Log Analysis: Review the mail logs (/var/log/mail.log or /var/log/maillog) for errors such as connection timeouts or authentication failures.
Configuration Check: Verify the email service configuration for correct SMTP settings, relay hosts, and authentication details.
External Blocklist Check: Ensure your server's IP address is not on any DNS-based blocklists (RBLs) if sending to external recipients.

Scenario 8: SSL/TLS Certificate Errors Problem: Users report SSL/TLS certificate errors when accessing a web service, indicating potential security warnings. Solution Steps:

Certificate Validation: Check the certificate's validity dates (openssl x509 -in cert.pem -text).
Chain of Trust: Verify the entire certificate chain is correctly installed and there are no missing intermediate certificates.
Server Configuration: Review the web server's SSL/TLS configuration to ensure it's pointing to the correct certificate files.
Browser Compatibility: Check for compatibility issues with older browsers or clients, especially if using newer encryption algorithms.
Renewal Errors: If using Let's Encrypt or another ACME-based CA, check for errors in the renewal process (cron jobs or systemd timers).

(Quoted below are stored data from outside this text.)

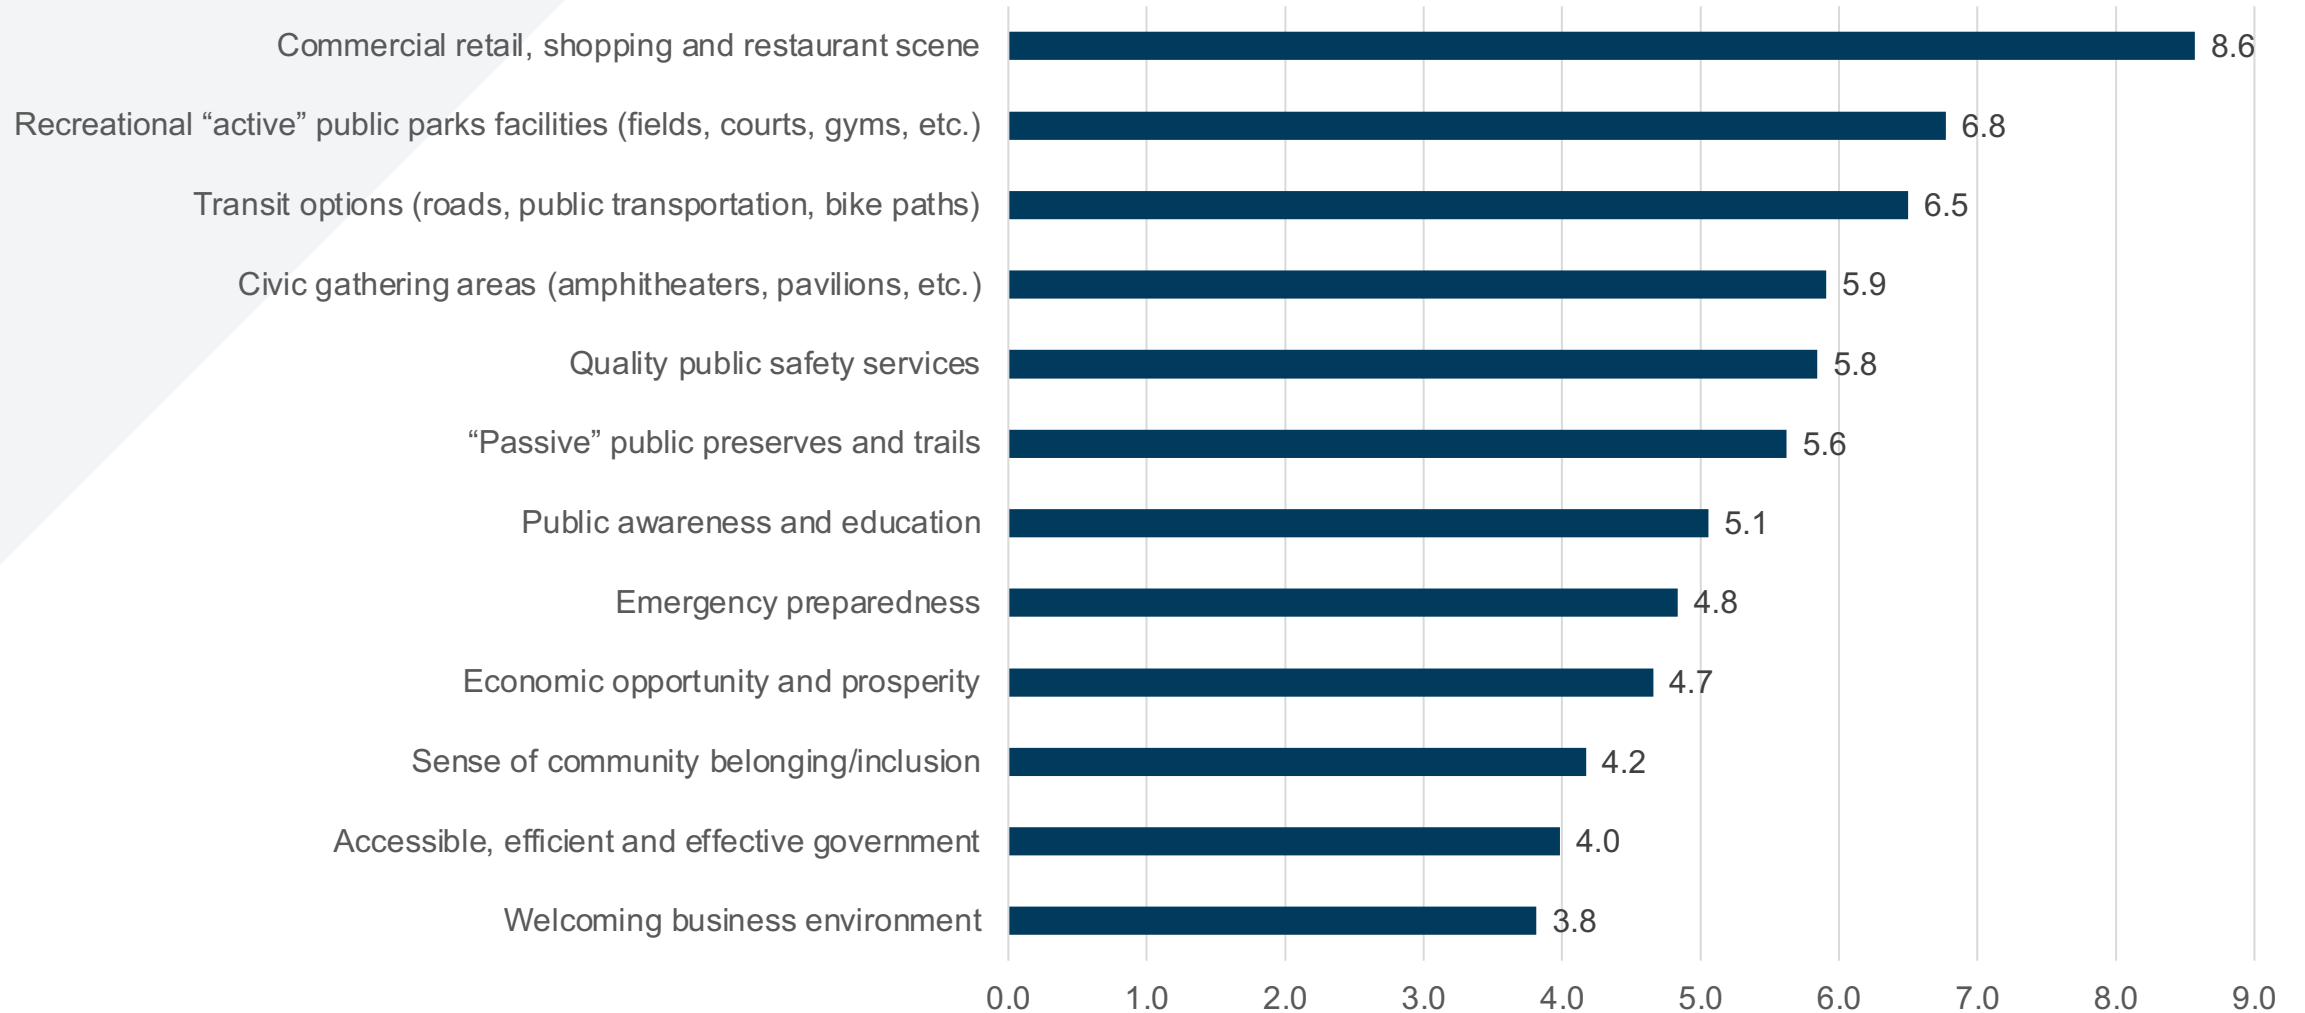

Love the lights some businesses have added to the alley side of their building. Encourage all building owners to install soft alley lighting on the exterior of their building.

 Municipal Partnerships | 12 days ago

Source: 2022 Social Pinpoint

Stakeholder Views on the City's Future

Opportunities

What do you want to see more of in Ennis?

Source: 2022 Social Pinpoint Community Survey

*131 respondents

Most Important Priorities

Scenario 9: Filesystem Corruption Detected Problem: The system reports errors indicating possible filesystem corruption on one of the disks. Solution Steps:

Immediate Backup: If not already available, make an immediate backup of critical data, if possible, to prevent data loss.
Filesystem Check: Unmount the affected filesystem (if not the root filesystem) and use fsck to check and repair filesystem errors.
Hardware Diagnostics: Run smart diagnostics (smartctl -t long /dev/sdX) to check for underlying hardware issues with the disk.
Review System Logs: Check /var/log/syslog or dmesg for I/O errors or hardware issues leading to filesystem corruption.
Replace Hardware: If hardware faults are detected, plan for a disk replacement and restore data from backups.

Scenario 10: Unexpected System Reboots Problem: The server is experiencing unexpected reboots, leading to service instability. Solution Steps:

Check Logs: Review /var/log/syslog, /var/log/messages, and /var/log/kern.log for entries just before the reboot, looking for kernel panics or hardware issues.
Hardware Tests: Run comprehensive hardware diagnostics to check for overheating, RAM faults, or power supply issues.
External Monitoring: Set up external monitoring to capture the exact time of reboots and correlate this with internal logs and possible external factors (e.g., power outages).
Update System: Ensure the system and all drivers are up to date to rule out software bugs causing the reboots.
Isolate Changes: Recall any recent changes to the system (hardware additions, software updates) that could be related to the issue.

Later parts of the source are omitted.